• BRIEF
The reply consists of one number only: how many lines in the listing below contain the word "QPSK".
┄┄┄┄┄┄
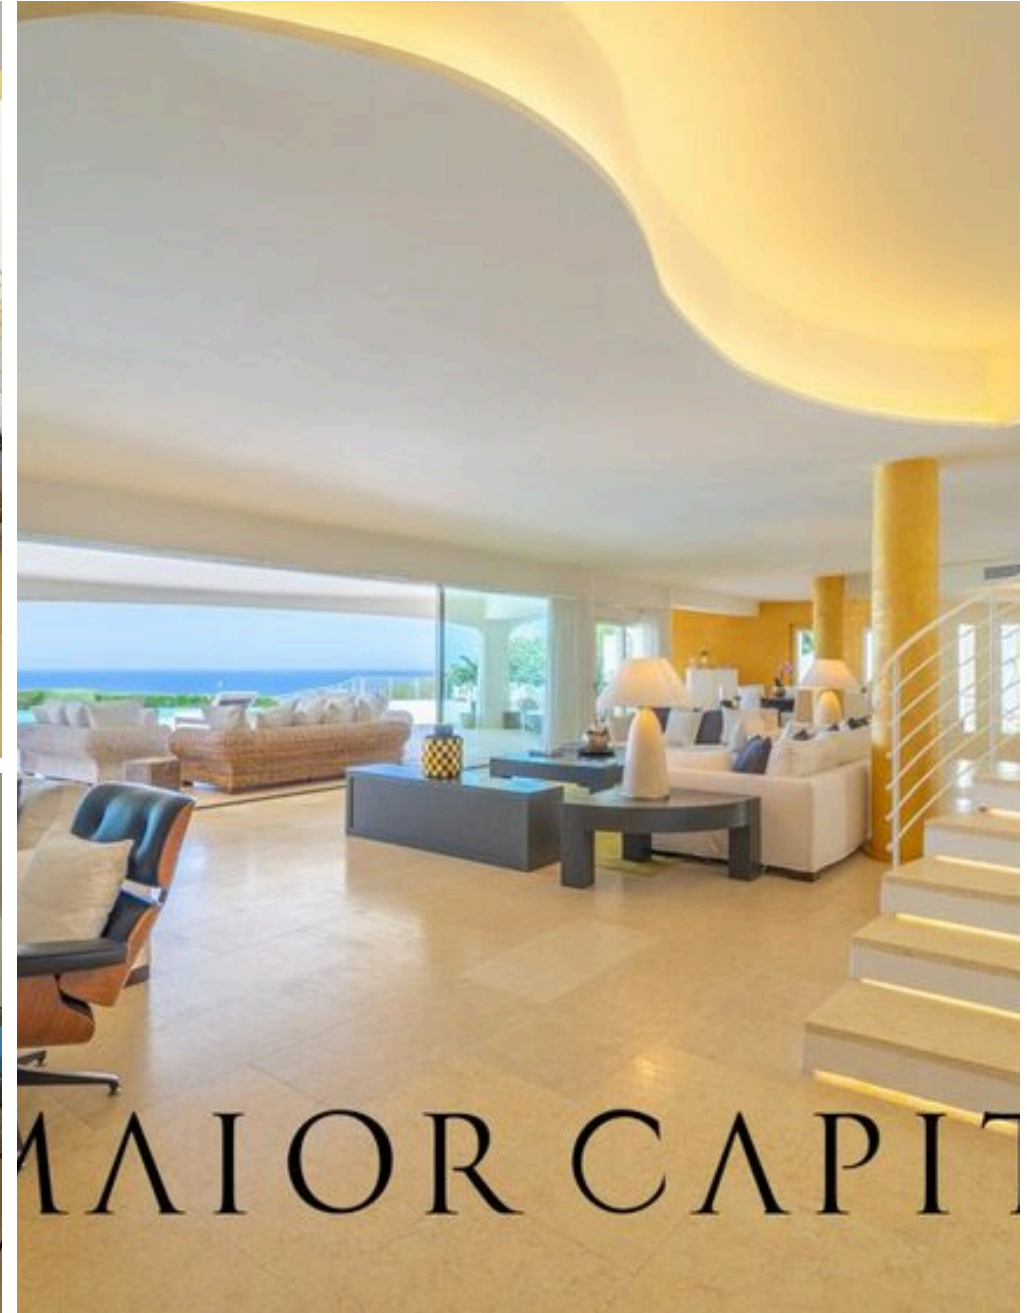

800 m²

METROS CUADRADOS

5

HABITACIONES

DESCRIPCIÓN

Lujosa villa moderna en Porto Cervo, con piscina y tecnología avanzada

Situada en el corazón de la prestigiosa Costa Esmeralda, en Porto Cervo, ofrecemos a la venta una villa de lujo de nueva construcción que ofrece unas vistas impresionantes gracias a su posición dominante en la zona más renombrada del norte de Cerdeña. A sólo 500 metros del conocido puerto deportivo de Porto Cervo y a 1,5 km de la playa más cercana, esta propiedad representa la combinación perfecta de confort y lujo. Presume de un diseño moderno, muebles de alta calidad y una distribución en tres niveles, cada uno de los cuales ofrece unas vistas espectaculares gracias a los grandes ventanales. El exterior de la villa es igualmente impresionante, con una maravillosa piscina con vistas al mar y un cuidado jardín desde el que se puede admirar todo Porto Cervo. La espaciosa terraza cuenta con una mesa de comedor, perfecta para comer al aire libre mientras se disfruta de las vistas. La villa, construida con tecnología de vanguardia, está completamente insonorizada, lo que garantiza la máxima privacidad. Esta residencia es una oportunidad imperdible para
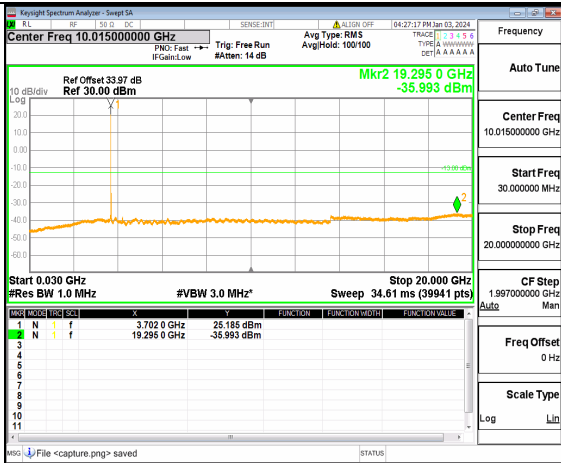

n77(3700-3980MHz) (30MHz-20GHz) 30M DFT-s-OFDM BPSK Inner_1RB_Left Low
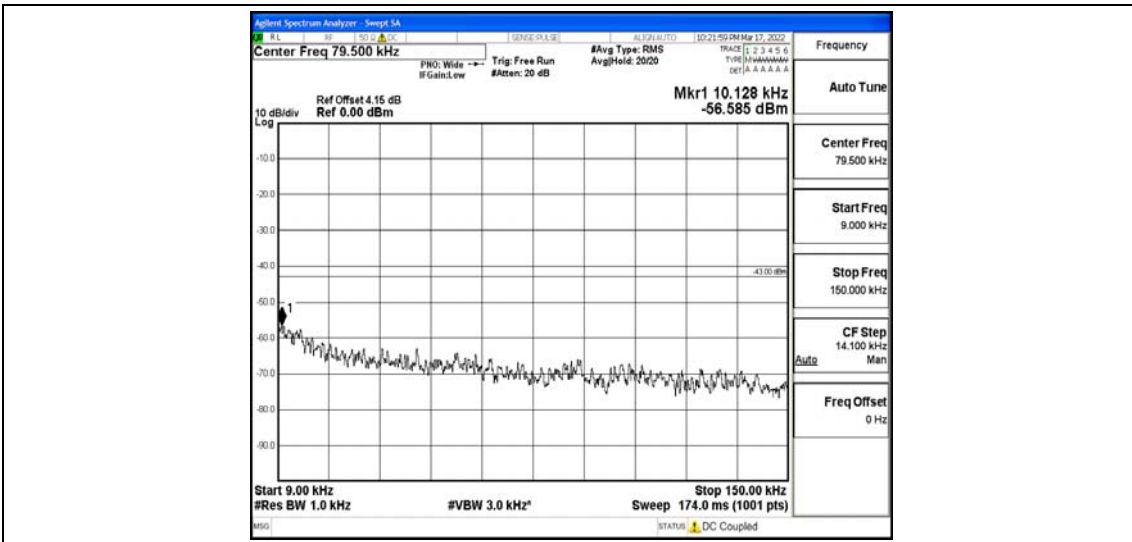

Band26-10MHz-QPSK-26990-1RB#0-Range2:0.15~30MHz

Band26-10MHz-QPSK-26990-1RB#0-Range3:30~1000MHz

Band26-10MHz-QPSK-26990-1RB#0-Range4:1000~10000MHz

Band26-10MHz-16QAM-26840-1RB#0-Range1:0.009~0.15MHz

Band26-10MHz-16QAM-26840-1RB#0-Range2:0.15~30MHz
┄┄┄┄┄┄
• RESULT FOR THIS TASK
3